With exciting new prospects in the digital world we thought we would take a look back at the history of everything digital up to this point. From the principle of modern computing to the recent deployment of 5G, let’s take a look through the last 90 years of digital.
In 1936 Alan Turing came up with the principle of the modern computer.
The first working electromechanical programmable fully automatic digital computer was complete in 1939, made by Konrad Zuse.
The first working transistor was invented in 1947 by John Bardeen and Walter Houser Brattain, transistors are a vital part in all computers.
In 1950 Alan Turing published a paper which devised a test to see if machines could think, the Turing Test. This is basically the beginning to a long story which morphed into artificial intelligence.

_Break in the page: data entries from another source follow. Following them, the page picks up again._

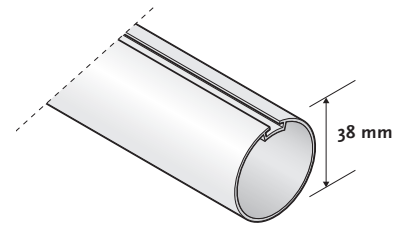

Store à rouleau avec caisson coffret (75 x 66 mm)
pour cacher le mécanisme du store.

Options

Orientation	5100 Droite	Fixations	5310 Universelles
	5101 Gauche		5318 Extensibles 15-65 mm
Mécanisme	5210 Chaînette	Autres	5690 Impression digitale personnalisée
	***** Electrique - Motorisé (voir options électriques page 134)		5950 Caisson couleur gris
	Accu moteur 9V Dooya		5951 Caisson couleur crème
	Moteur 230V Somfy Moteur 230V Dooya		5952 Caisson couleur brun
			5953 Caisson couleur noir
			5960 Chaînette métallique

Informations

Axe	Ø Axe en aluminium 38 x 1.0 mm
Chaînette	Billes blanches en plastique 6 x 4.5 mm
Mécanisme	Chaînette
Lame finale	Acier peint en blanc 19.5 x 10x0.5 mm
Caisson	Aluminium peint en blanc 84 mm x 70 mm avec fixations.
Fixation	Plastique blanc

Divers

Longueur chaînette	Standard 2/3 de la hauteur du store Egalement sur mesure
Chaînette	2 arrêts de fin de course
Axe	Couvert par une couche de tissu

Store Rollo - 5240

Caisson

Lame finale

Axe

Orientation

Dimensions disponibles

Taille Ind.	mm		Remarques
	min.	max	
A	300	2500	
A'	8		
A ²	19		
B	300	3000	
C	70		
D	A +/- 27		
Ax B (m2)	0.09	7.5	Daylight/Blackout
	0.09	4.6	Screen jusqu'à 480 gr.
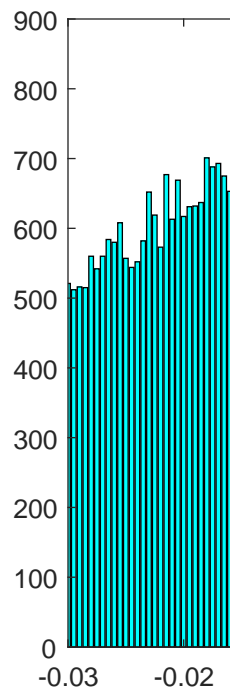

YMV07_170914--monosyn-ltoE-plot--pairID33-pre36-post42

19.447
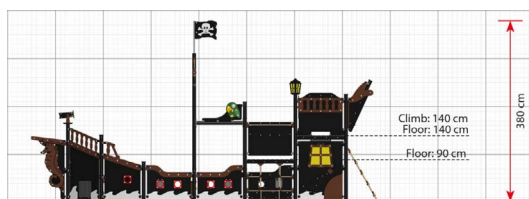

Opties

Juliane
LP312

plattegrond

Toestelspecificaties

Afmetingen toestel	7,3 x 4,6 m
Obstakelvrije zone	72,6 m ²
Totaal hoogte	3,8 m
Valhoogte	1,4 m

zij aanzicht

Materialen

Constructie	Metaal
Panelen	Kunststof
Glijbaan	Kunststof

The world’s first commercially available digital computer was available in 1951 and was called the ENIAC.
The first electronic digital watch, the Pulsar, was available in 1972.
In 1981 the first commercially available portable computer, the Osborne 1, was the first of what we would call a laptop, although it looked a bit different to our modern ones.
The Seiko Epson in 1985 was the release of the first “wrist computer”, an early version of a smartwatch.
1988 saw the first virtual reality (VR) experience implemented on a personal computer with the Cyberspace Project at Autodesk.
Tablets came about in 1989, the first being the GRiDPad, released 21 years before the iPad.
In 1992 the world saw the introduction of the first commercially available mobile phone, the Nokia 1011. Technically, the Motorola International 3200 was the first digital mobile but because it was never certified it doesn’t quite make the cut.
1992 also saw the unveiling of the first ever smartphone called the Simon Personal Communicator (by IBM). However, it wasn’t until 1994 that this smartphone was commercially available.
In 1994 DirecTV launched the first commercial digital satellite platform, advancing from cable TV.
Deep Blue beating reigning world chess champion Garry Kasparov in 1997 deserves an honorary mention, being a triumph in computer learning and artificial intelligence.
The first fully digital camera, the FUJIX DS-1P, with a memory card that could store 10 photos(!) was available in 1998.
NTT DoCoMo launched the first 3G network in 2001.
What we would consider the modern smartphone, the iPhone, was launched in 2007.
In 2011, the next major advancement from Apple came through Siri, the first virtual assistant on a smartphone.
“Alexa play…”, Amazon’s Echo with Alexa becomes the first available smart speaker in 2014.
The end of 2019 saw wide deployment of 5G, the fastest cellular network to date.
With the history of everything digital beginning as recently as the 1930s and the advancements that have taken place over such a short period of time, it bears the question of where digital will go next?